Даджян подошел поближе, чтобы рассмотреть. Это был прекрасный надгробный памятник эпохи Возрождения, размещенный в одном из аркосолиев церкви. Саркофаг был причудливо украшен фигурами ангелов, фамильными гербами и даже изрядного размера медальоном, изображавшим быка и корову, мирно пасущихся под кипарисами.
— Какой он эпохи? Похоже, он более современный, чем прочие…
— Это верно, господин Даджян. Статуя на крышке представляет человека, одетого по моде шестнадцатого века. Высокий головной убор, подушечка, длинная одежда со складками — все это типично для купцов эпохи Возрождения.
— А известно, кто это был?
— Конечно, — снисходительно ответила я. — Мы знаем его имя и даже кое-что о его жизни. Если вы заглянете сверху, то сможете сами прочитать его имя, выгравированное на ленте, лежащей на подушке. Там написано «Juan de Casaviña». Хуан де Казавинья. Забавно, что написано в обратном порядке. Как код какой-то. Видите?
— Ян-ива-зак-ед-на-ух. Хуан де Казавинья… — повторил Даджян, пробегая пальцами по надписи.
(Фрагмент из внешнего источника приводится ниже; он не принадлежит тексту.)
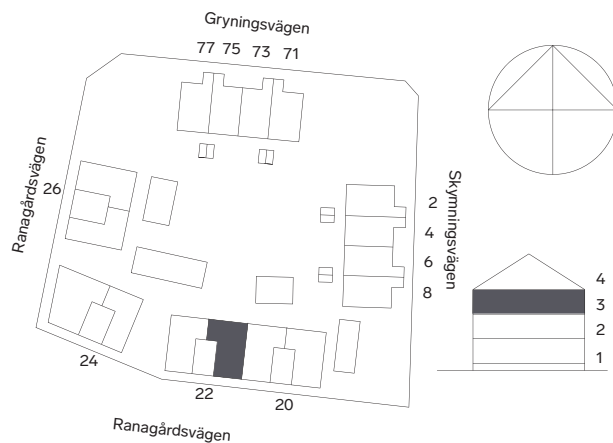

Förklaring

K Kylskåp	ST Städsåp/ städinredn.
F Frys	TM Tvättmaskin
K/F Kylskåp/Frys	TT Torktumlare
MIC Micro i hög-/väggskåp	KM Kombimaskin
(DM) Diskmaskin	G Garderob

Reservation för eventuella ändringar och ytavvikelser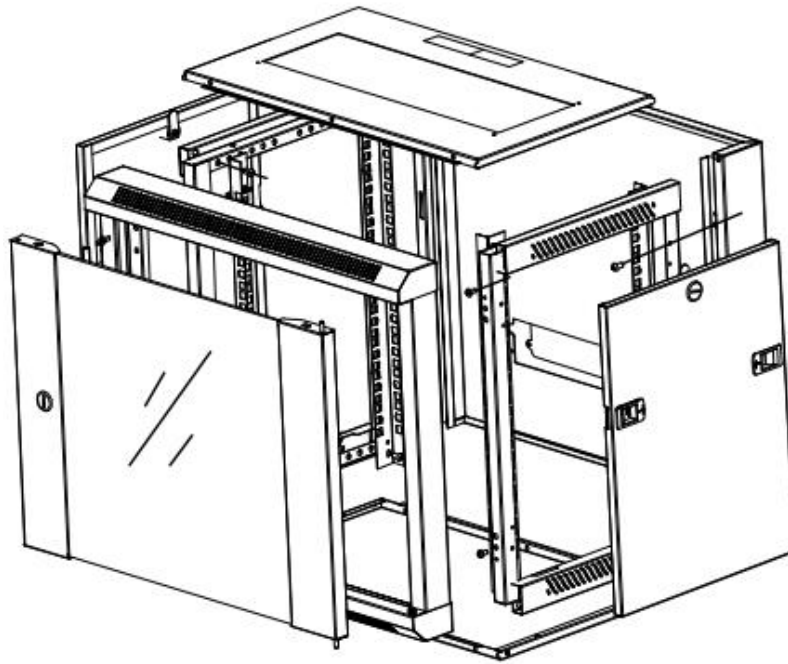

Normes applicables

Norme	Détails
BS EN 60297-3-100:2009	Structures mécaniques pour équipement électronique. Dimension de structures mécaniques des séries 482,6 mm (19 po) Dimensions de base des panneaux avant, sous-baies, châssis, baies et armoires
BS 3193:2008	Spécifications pour panneaux en verre trempé thermiquement pour usage dans les applications résidentielles

COFFRET MURAL XeLAN 600MM

Images du produit

COFFRET MURAL XeLAN 600MM

Vue éclatée

front door(glass)

side

COFFRET MURAL XeLAN 600MM

COFFRET MURAL XeLAN 600MM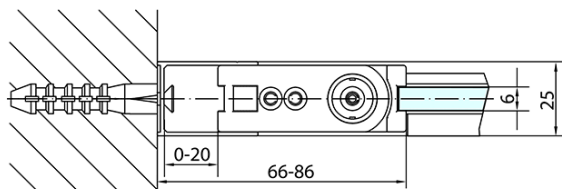

Eigenschaften

Farbenprofil: Chrom - Poliertem Aluminium

Form: Rechteckige Duschtrennungen

Öffnungsarten: Öffnungstür einflügelig

Richtung der Öffnung: Universelle

Eingangsbreite: 715 mm

Glasfarbe: Klarglas

Glasbehandlung: Antidrop

Glasdicke: 6 mm

Eigenschaften: Rahmenloses Design, Öffnen nach Innen und Außen

Gewicht / Stück: 47.0 kg

Verpackung: 2 Stück

Garantie: 2 Jahre

Technisches Arbeitsblatt

	B
ZL1280-ZL3270	670-690
ZL1280-ZL3280	770-790
ZL1280-ZL3290	870-890
ZL1280-ZL3210	970-990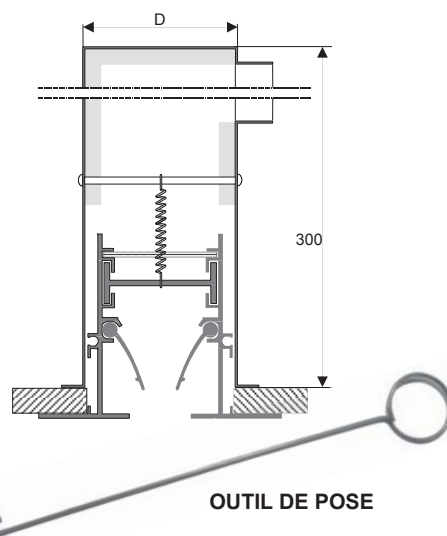

KF10

KF20

KF40

KF 40 2 FENTES

**PLENUM ISOLE
FIXATION PAR
RESSORTS**

KF + PLI

OUTIL DE POSE

Dimensions mm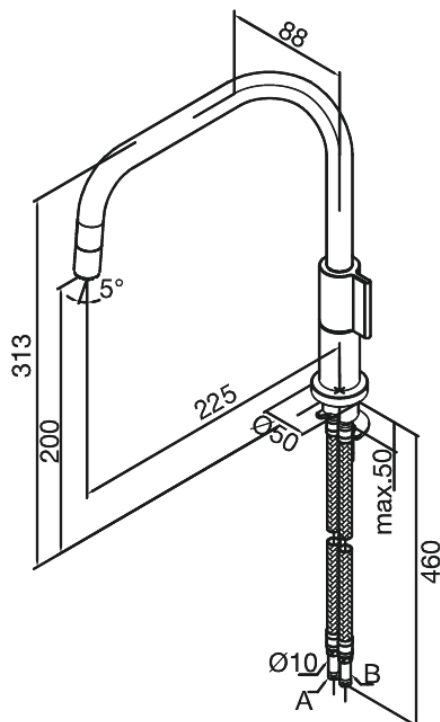

Orbix

Bateria kuchenna

Nr art. 350470000
Wykończenie: Chrom
Seria: Orbix

EAN 5708516708636

Opis produktu:

Jednouchwytywa
Zakres obrotu wylewki 120°
Cold-start
Progresywna regulacja temperatury

Atrybuty

FM Mattsson Denmark ApS
Hvidkærvej 48, 5250 Odense SV

На минуту армянин застыл, лаская пальцами буквы. Мне показалось, что он что-то подсчитывает. Он простучал надпись. Осмотрел ее справа налево и наоборот. Даже, шумно сопя, принюхался к буквам, подняв облачко пыли. Наконец его лицо озарила довольная улыбка.
— Сеньора… — откашлялся он и торжественно произнес: — Я теперь совершенно точно знаю, что именно хотел сообщить вам муж во второй части своего послания.